**To do**
Every line below is to be copied exactly, with the pictures left out.

**Raw data**
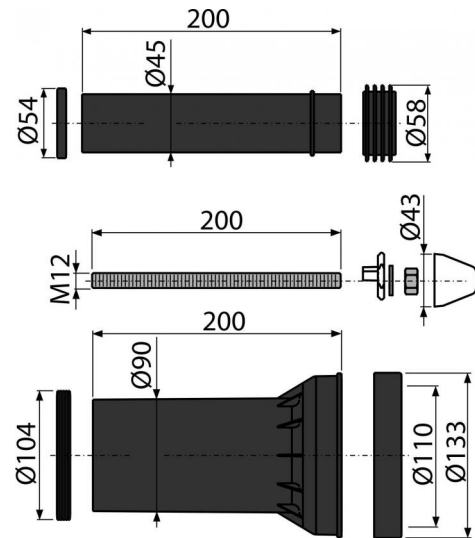

M900

Комплект дополнительных принадлежностей

**Область применения**

Для подключения воды и канализации к подвесному унитазу – комплект
Для скрытых систем инсталляции

Свойства

- Материал: полипропилен, оцинкованная сталь

Содержание комплекта

- Монтажный комплект для крепления унитаза: шпилька M12 – 2 шт., шайба – 4 шт., колпачок – 2 шт., гайка – 2 шт., гофрированный рукав – 2 шт.
- Патрубок сливной для подключения подвесного унитаза к стокам, полипропилен, Ø90 мм, с прокладками
- Соединительный патрубок для подключения подвесного унитаза к бачку, полипропилен, Ø45 мм, с прокладками и манжетой

Код заказа, Логистическая информация

Код	EAN	Вес (шт упаковка паллета)	Размеры (шт упаковка)	Количество (упаковка паллета)
M900	8595580514266	0,7655 11,4825 183,7200 кг	200×133×133 590×430×390 мм	15 240 шт

**Response**
M900

Комплект дополнительных принадлежностей

**Область применения**

Для подключения воды и канализации к подвесному унитазу – комплект
Для скрытых систем инсталляции

Свойства

- Материал: полипропилен, оцинкованная сталь

Содержание комплекта

- Монтажный комплект для крепления унитаза: шпилька M12 – 2 шт., шайба – 4 шт., колпачок – 2 шт., гайка – 2 шт., гофрированный рукав – 2 шт.
- Патрубок сливной для подключения подвесного унитаза к стокам, полипропилен, Ø90 мм, с прокладками
- Соединительный патрубок для подключения подвесного унитаза к бачку, полипропилен, Ø45 мм, с прокладками и манжетой

Код заказа, Логистическая информация

Код	EAN	Вес (шт упаковка паллета)	Размеры (шт упаковка)	Количество (упаковка паллета)
M900	8595580514266	0,7655 11,4825 183,7200 кг	200×133×133 590×430×390 мм	15 240 шт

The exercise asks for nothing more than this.